Mothering with Grace
In my efforts towards living with more intention and purpose, I've spent a lot of time evaluating what my values and long-term goals are. In my motherhood, this has been especially true.
One thing I've definitely noticed is that when I'm only going through the motions--trying to simply get through the day or get to the next item on our agenda--then my main focus tends to be on my children's obedience. Stress levels are high, patience levels are low, and tension is often building. This is when I tend to be short, demanding, and easily frustrated with my kids. In these situations, my brain translates my children's slowness to obey into a reflection of their character. (i.e. "I told you to put your shoes on and get in the car! Why can't you listen? Now we're going to be late.") My focus here is situational and my feelings towards my child are dictated by one single thing he/she did or didn't do. This is not intentional parenting. It is also not a true reflection of what deeply matters to me or how I truly feel about my child.

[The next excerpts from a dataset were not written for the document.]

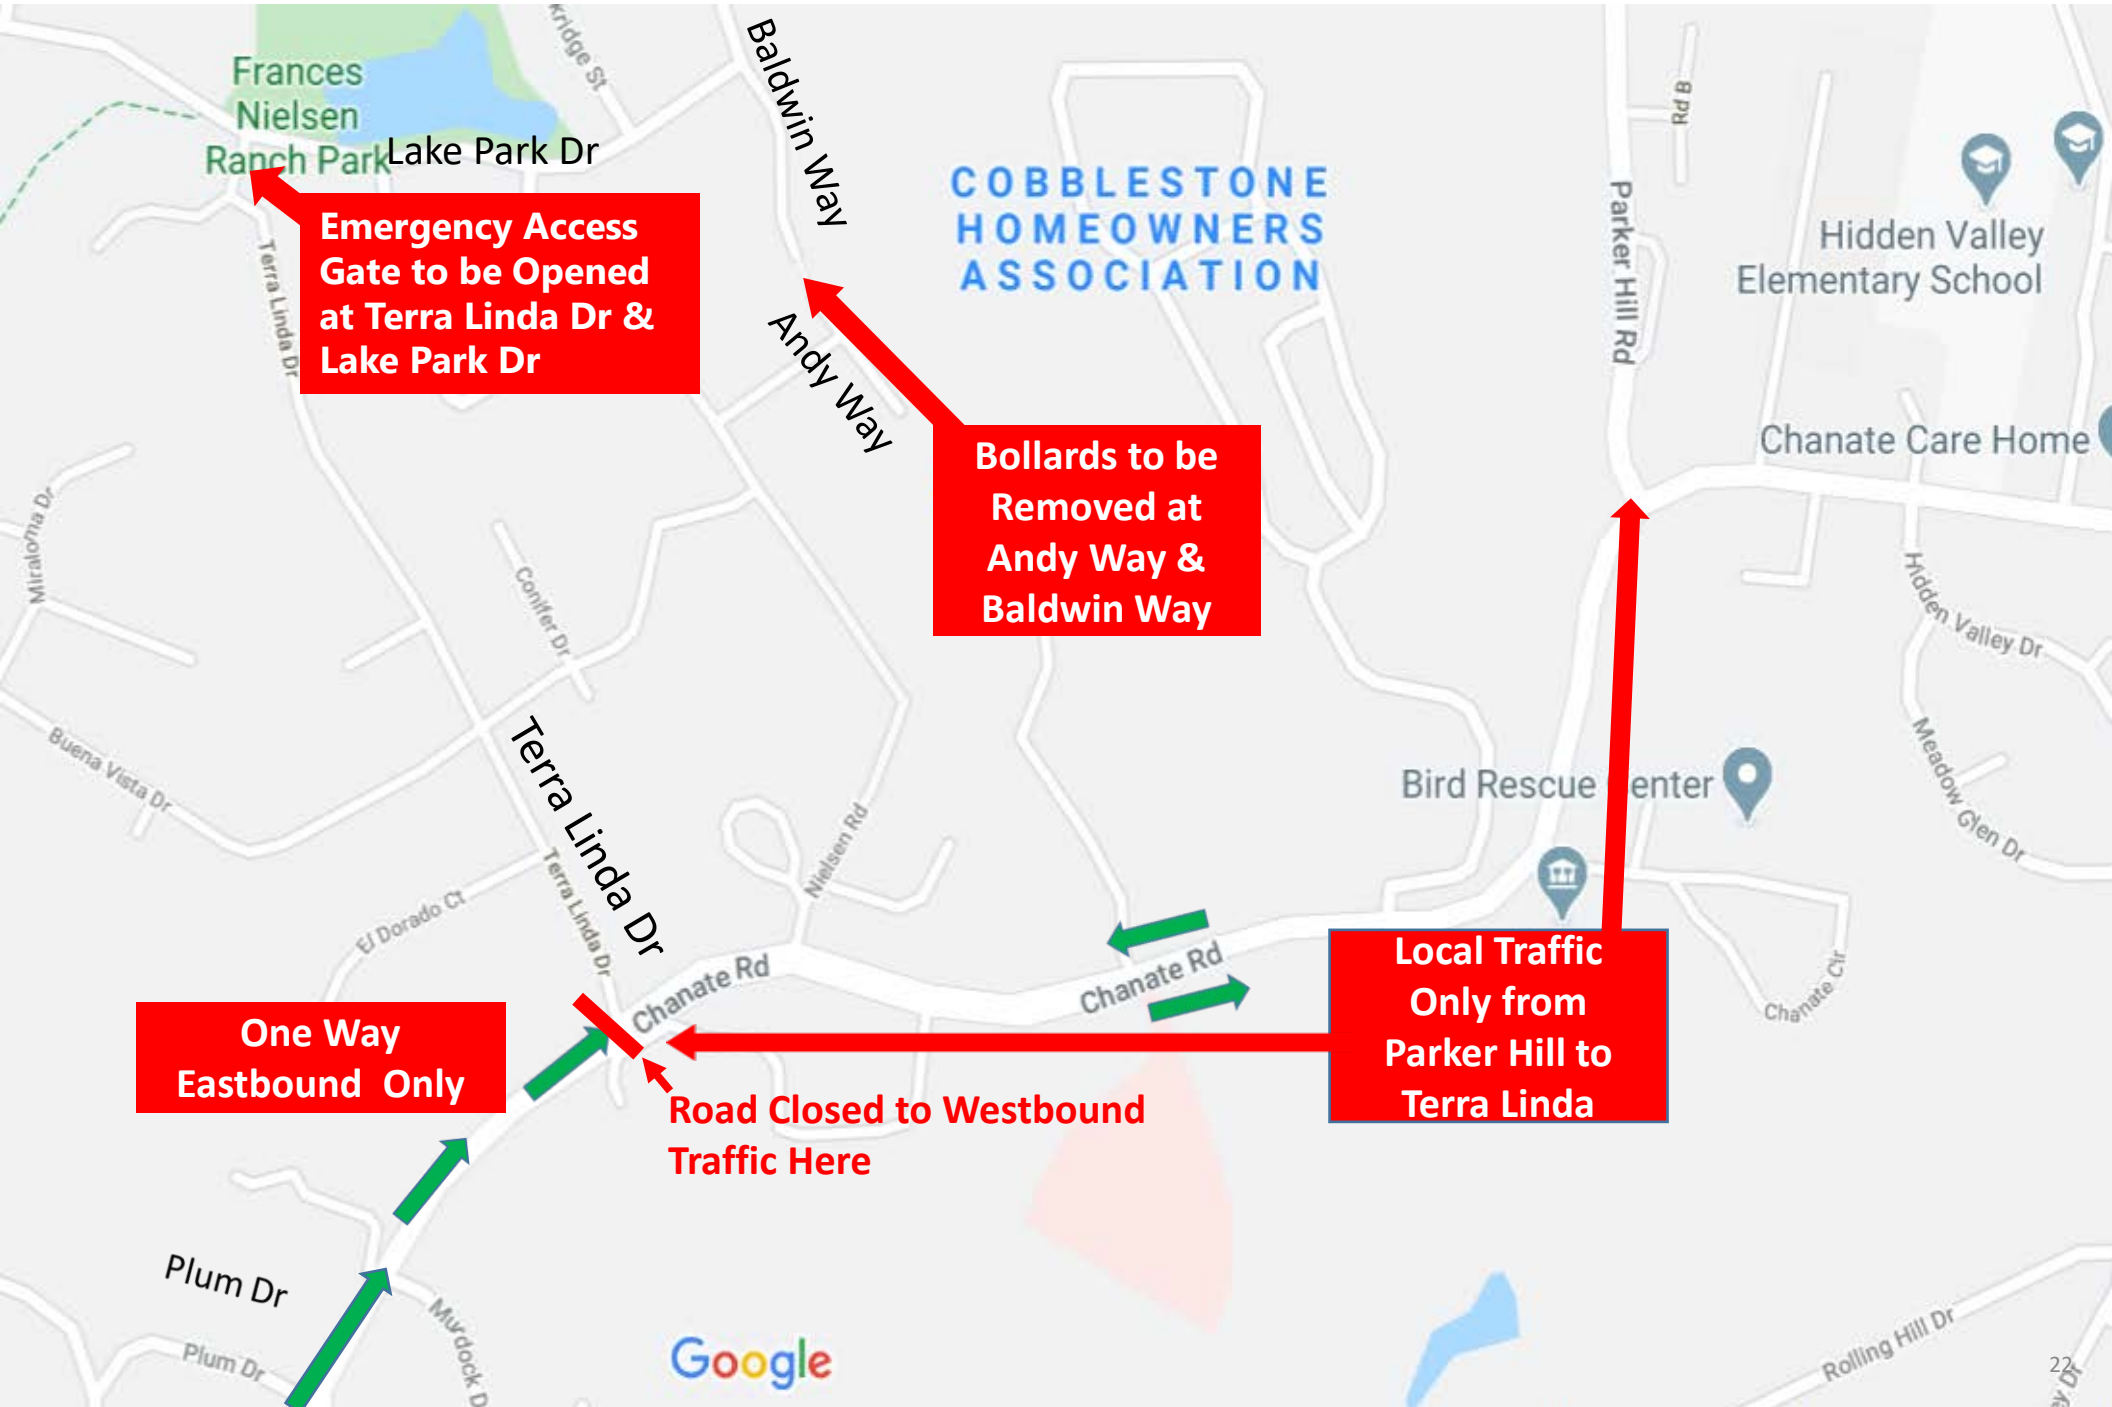

# Traffic Control Plan Summary

## Mendocino to Humboldt

**Emergency Access Gate to be Opened at Terra Linda Dr & Lake Park Dr**

**Bollards to be Removed at Andy Way & Baldwin Way**

**Local Traffic Only from Parker Hill to Terra Linda**

**One Way Eastbound Only**

**Road Closed to Westbound Traffic Here**

# Westbound Detour

Blind, swift obedience is not actually a character trait that I am trying to instill into my children. When I list the things that I most hope to cultivate in my future world shapers, obedience does not even make the list. So why then does obedience so often feel like the goal? For me, the answer is selfishness. My life is simply easier when they obey my commands immediately and exactly. But I don't want to be their drill sergeant. I want to be their biggest supporter, their confidant, their place of safety, and their teacher. But I teach nothing through demanding blind obedience and our relationship is not cultivated.
Do some things require strict obedience? Of course. Things like holding hands in a parking lot or crowded place; things pertaining to their physical safety. But even then, their obedience is garnered more effectively through a calm explanation of the reasoning than by forceful, demanding reminders of the rule. And most especially, their obedience is most quickly achieved when they understand that my requests are motivated by love.
As I was pondering this tendency of mine towards demanding obedience, I was reminded of my greatest example of an ideal parent-child relationship--the relationship I have with a Heavenly Father. Of all the parental examples I wish to emulate, this one reigns supreme. Does God demand my blind obedience or use threats and fear-mongering to motivate me to do exactly as he says? Absolutely not. He provides me with direction and explanation for his requests; all of which are motivated by His love for me. Even more importantly, He does not berate me or write me off as a failure when I fail to obey His loving direction. Rather, He allows me to learn from the experience and lovingly invites me to try again. He expects me to fail because He knows I am learning and He stands at the ready to forgive, forget, and continue to guide me in love.
These precious little souls that I am blessed to call my own are too often worthy of so much more than I have offered them. Obedience or not, I am striving daily to respond more to my children in the ways that my loving Father in Heaven is continually responding to me. Which is with grace, love, and confidence in who He knows I am capable of becoming.